[The problem] Your answer should be the number of lines in the listing that hold the string "STRUCTURAL", with no other words.

** Dataset follows **

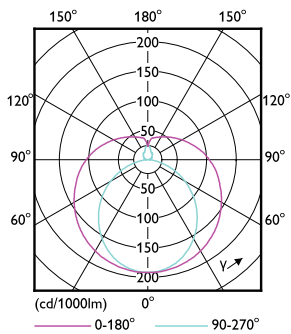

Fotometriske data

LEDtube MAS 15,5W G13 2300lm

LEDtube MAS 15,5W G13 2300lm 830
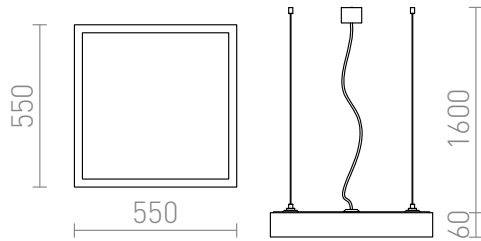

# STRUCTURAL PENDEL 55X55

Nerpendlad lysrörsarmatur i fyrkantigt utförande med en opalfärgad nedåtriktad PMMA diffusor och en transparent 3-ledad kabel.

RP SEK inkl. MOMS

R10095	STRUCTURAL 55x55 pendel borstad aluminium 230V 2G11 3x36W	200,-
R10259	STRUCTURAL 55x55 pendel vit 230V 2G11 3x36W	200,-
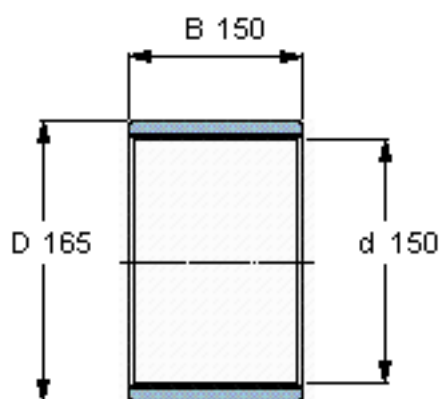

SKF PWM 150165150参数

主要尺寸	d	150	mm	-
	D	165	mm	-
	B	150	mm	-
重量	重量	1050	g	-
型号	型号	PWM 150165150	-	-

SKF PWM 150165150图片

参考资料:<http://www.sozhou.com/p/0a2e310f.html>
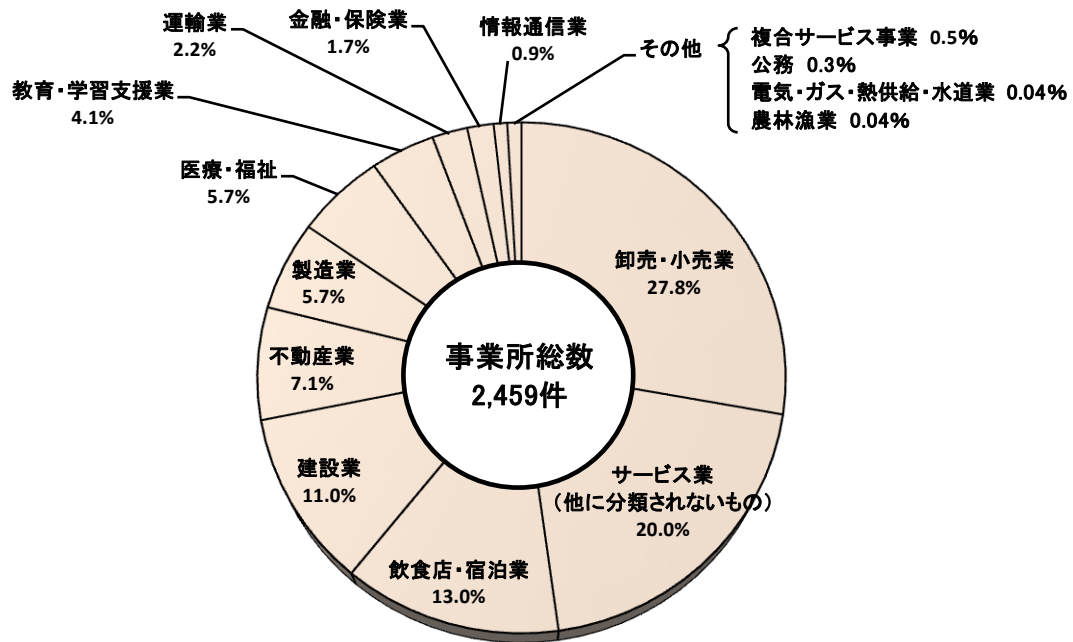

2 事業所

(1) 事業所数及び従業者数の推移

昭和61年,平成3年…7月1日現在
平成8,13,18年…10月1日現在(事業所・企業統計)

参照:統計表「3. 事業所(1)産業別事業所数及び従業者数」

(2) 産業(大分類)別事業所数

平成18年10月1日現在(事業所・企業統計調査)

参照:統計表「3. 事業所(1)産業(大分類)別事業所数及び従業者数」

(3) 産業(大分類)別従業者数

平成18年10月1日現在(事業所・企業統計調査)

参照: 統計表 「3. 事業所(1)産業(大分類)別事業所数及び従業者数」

** End of Dataset **

[Exercise result] 3